WHAT THE EXERCISE ASKS
The answer must consist of every line from the entries below that contains the word "Mutter".

-------- GIVEN DATA

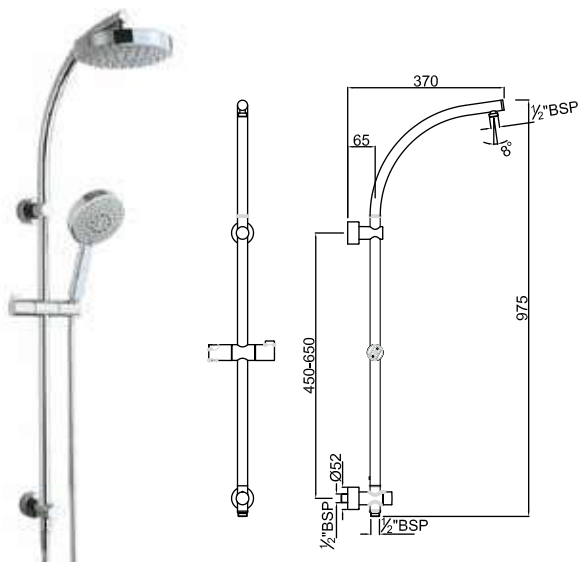

Душевые кронштейны

SHA-CHR-1215R

внешний душевой держатель Shower Pipe с переключением режимов кнопкой, Shower Pipe с переключением режимов кнопкой, круглый диаметр 24mm, размер 975X 370mm регулируемое по высоте крепление ручной лейки, кронштейн крепления к стене 15mm, подключение к выходу от смесителя скрытого монтажа. Верхний и ручной душ в комплект не входят
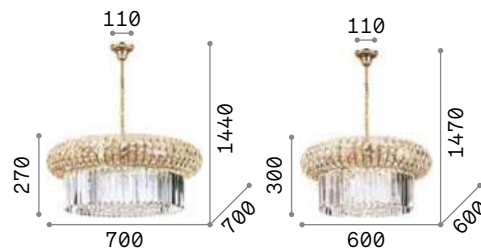

IP20

18,730 Kg / 0,2127 m³
E14 max 16 x 40W

237800 Золото

3000K
480 lm

101200

IP20

13,810 Kg / 0,1703 m³
E14 max 12 x 40W

237794 Золото

3000K
480 lm

101200
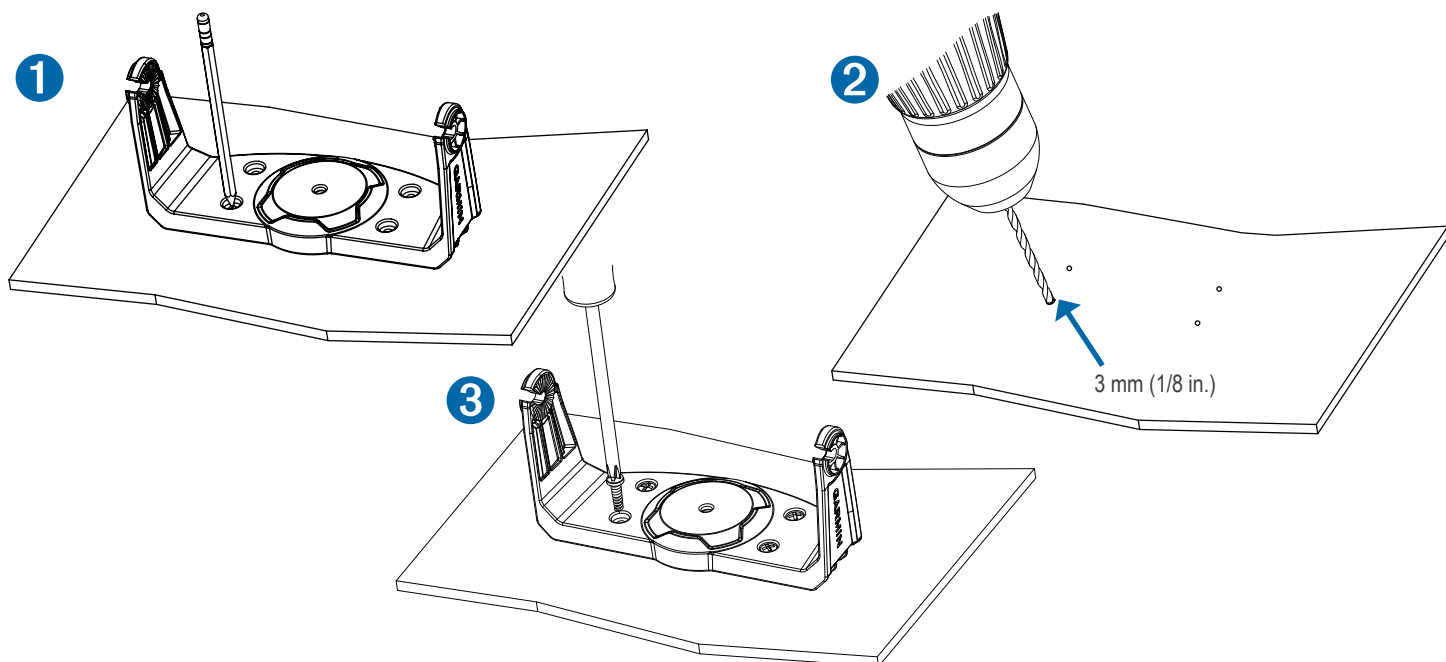

- 30 см (11,8"), STRIKER Plus 7: 40 см (15, 75"), STRIKER Plus 9: 45 см (17,7") – безопасное расстояние от компаса
- Wi-Fi® 2,4 ГГц при 1,8 dBm номинал

STRIKER™ Plus 5/7/9 на монтажной скобе

STRIKER™ Plus 5/7 на поворотном основании

СИЛЬНО потяните за кабели.
Предохранитель 3,0 В пост. тока

① Синий и коричневый провода необходимы только для обмена данными с другим устройством ECHOMAPTM или STRIKER.
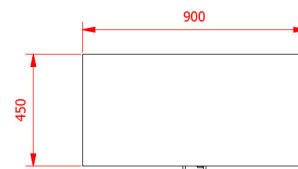

ES

Armario en madera con puertas. Modular i combinable con nuestra gama de armarios.

EN

Wood bookcase with doors. Modular and mixable with our bookcase's range.

FR

Armoire bibliothèque en bois avec portes. Modulaire et combinable avec notre gamme d'armoires.

CAT

Armari llibreter en fusta amb portes. Modular i combinable amb la nostra gama d'armaris.
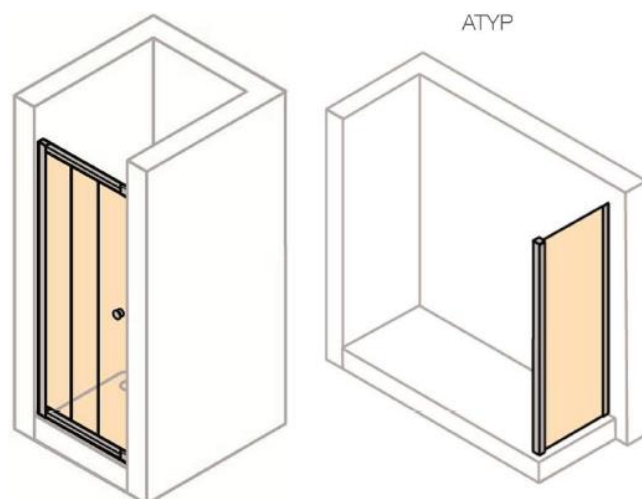

BATERIE - SPRCHA

Sprchová baterie

GROHE BAULOOP sprchová baterie 150mm, nástěnná, páková, chrom

CONCEPT 100 set ruční sprcha pr. 101 mm, s nástěnnou tyčí a hadicí, chrom

Série **Concept 100 New**

SPRCHOVÝ KOUT - A)

concept

Zástěna sprchová Concept 100 New

CONCEPT 100 NEW sprchové dveře 900x1900mm posuvné, 2-dílné, s pevným segmentem, stříbrná pololesklá/čiré sklo s AP

SPRCHOVÝ KOUT - B)

Zástěna sprchová Concept 100 New

CONCEPT 100 NEW sprchové dveře 900x1900mm posuvné, 2-dílné s pevným segmentem, stříbrná pololesklá/čiré sklo s AP

Concept 100 New atyp boční stěna 200x2000 mm byt 4302 stříbrná pololesklá/čiré AP - (NUTNO ZAMĚŘIT - ATYP 270MM)

Série **Concept 100 NEW**

SPRCHOVÝ KOUT - C)

concept

Rozměr | 90x90x190cm

CONCEPT 100 NEW sprchový kout 900x900x1900mm čtverec,
4 dílný, stříbrná pololesklá/čiré sklo s AP

Série **Concept 100 New**

SPRCHOVÝ KOUT - D)
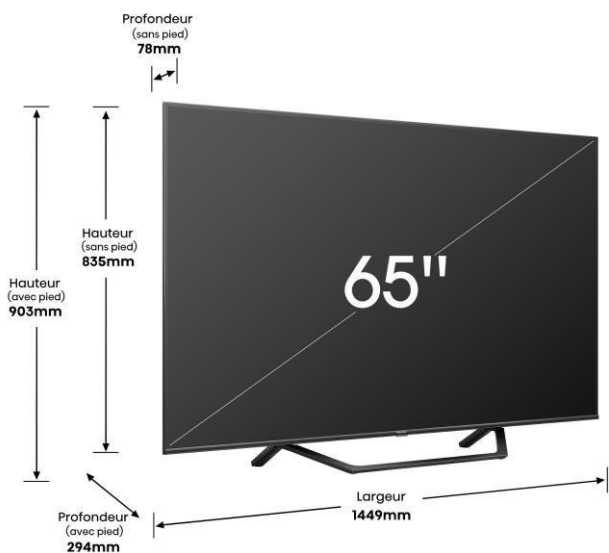

IMAGE

Taille de l'écran	65" – 139 cm
Résolution de l'écran	Ultra HD (3840x2160)
Technologie d'affichage	QLED - Direct LED
Fréquence native de la dalle	50Hz / 60 Hz

TRAITEMENT DE L'IMAGE

HDR	Oui
Compatibilité formats HDR	Dolby Vision, HDR10+, HDR10, HLG
Capteur de luminosité	Oui
Compensation de mouvement (MEMC)	Oui
Upscaling Ultra HD	Oui
Spectre Colorimétrique Elargi	Oui
Quantum Dot (QLED)	Oui (Hisense QLED)
Compatible couleurs 10 bits	Oui
Format de décodage	VP9, HEVC (H.265)
Mode(s) Cinéma	Oui
Mode Filmmaker*1	-
IMAX Enhanced	-
Mode Sport	Oui
Mode Jeu	Oui
Input lag en Mode Jeu	12 ms

RECEPTION ET FONCTIONNALITE

Tuner	DVB-T2/C/S2
Certification Fransat	Oui
Hbbtv	Oui
Common Interface (CI+)	Oui
Contrôle Parental	Oui
PVR	Oui
Timeshift	Oui
Mode Hôtel	Oui

DESIGN

Finesse du cadre	Sans bord
Finition	Effet métal – Dark Grey
Pied central	Oui
Système de management des câbles	Oui
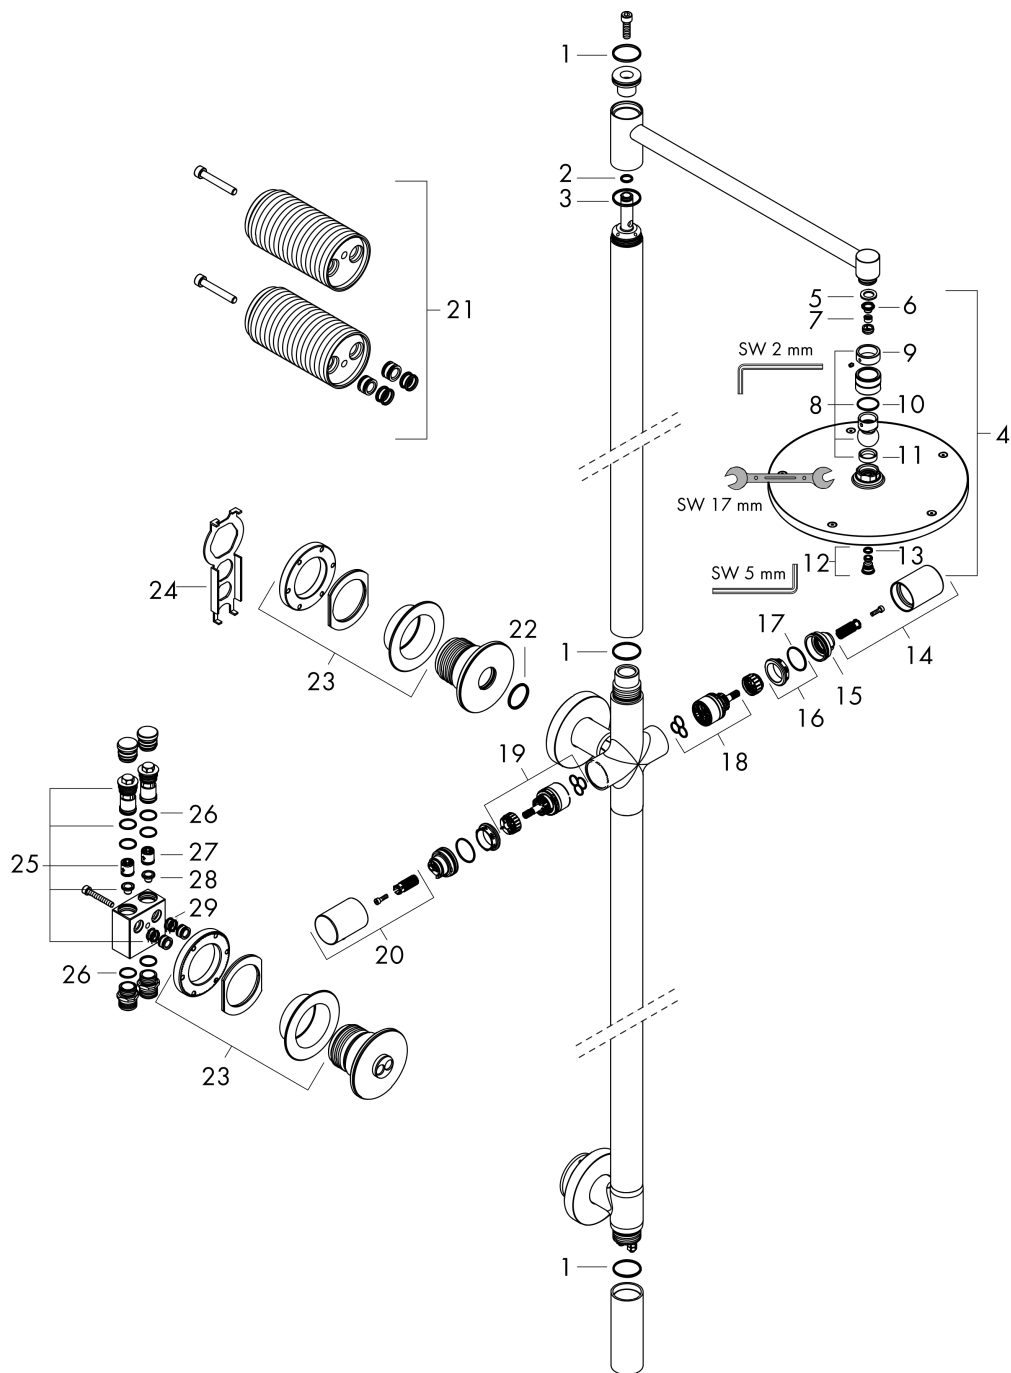

AXOR Starck
Nature Duschsäule mit Kopfbrause 240 1jet ohne Handbrause
 Oberfläche: **Brushed Brass** Artikelnummer: **12671950**

Durchflussdiagramm

AXOR Starck
Nature Duschsäule mit Kopfbrause 240 1jet ohne Handbrause
 Oberfläche: **Brushed Brass** Artikelnummer: **12671950**

Einbaubeispiel

AXOR Starck
Nature Duschsäule mit Kopfbrause 240 1jet ohne Handbrause
 Oberfläche: **Brushed Brass** Artikelnummer: **12671950**

Explosionszeichnung

Baujahr: >10/22

AXOR Starck
Nature Duschsäule mit Kopfbrause 240 1jet ohne Handbrause
 Oberfläche: **Brushed Brass** Artikelnummer: **12671950**

Ersatzteilliste

Baujahr: >10/22

Pos.	Beschreibung	Artikelnummer	Preis	VE
1	O-Ring 30x2	98186000	3.25 CHF	1
2	O-Ring 10x2	98170000	3.25 CHF	1
3	O-Ring 30x1,5	98433000	3.25 CHF	1
4	Kopfbrause Ø 240 mm	94830950	314.55 CHF	1
5	Dichtung	98058000	3.25 CHF	1
6	Sieb	92672000	5.40 CHF	1
7	Durchflussbegrenzer	93071000	8.65 CHF	1
8	Kugelgelenk	98941950	55.40 CHF	1
9	Sicherungsring	98942950	28.20 CHF	1
10	Gleitring	97536000	5.40 CHF	1
11	Dichtung	97606000	5.40 CHF	1
12	Schraube	95796000	28.95 CHF	1
13	O-Ring 7x2	98419000	3.25 CHF	1
14	Griff	94817950	154.60 CHF	1
15	Anschlagscheibe	95840000	18.80 CHF	1
16	Mutter	98913000	18.80 CHF	1
17	O-Ring 26x1,5	98390000	3.25 CHF	1
18	Kartusche kpl.	98303000	72.55 CHF	1
19	Absperreinheit inkl. Umsteller	98283000	72.55 CHF	1
20	Griff	94814950	154.60 CHF	1
21	Verlängerung	13608000	-	1
22	O-Ring 28x2	98194000	3.25 CHF	1
23	Mutter	94815000	58.70 CHF	1
24	Montageschlüssel	97563000	8.65 CHF	1
25	Serviceeinheit	94813000	58.70 CHF	1
26	O-Ring 17x1,5	98137000	3.25 CHF	1
27	Rückflussverhinderer (druckbeständig bis 2 MPa)	92594000	14.25 CHF	1
28	Siebdichtung	95291000	11.90 CHF	1
29	O-Ring 11x2	98127000	3.25 CHF	1

----------------

FINISHED EXERCISE
16	Mutter	98913000	18.80 CHF	1
23	Mutter	94815000	58.70 CHF	1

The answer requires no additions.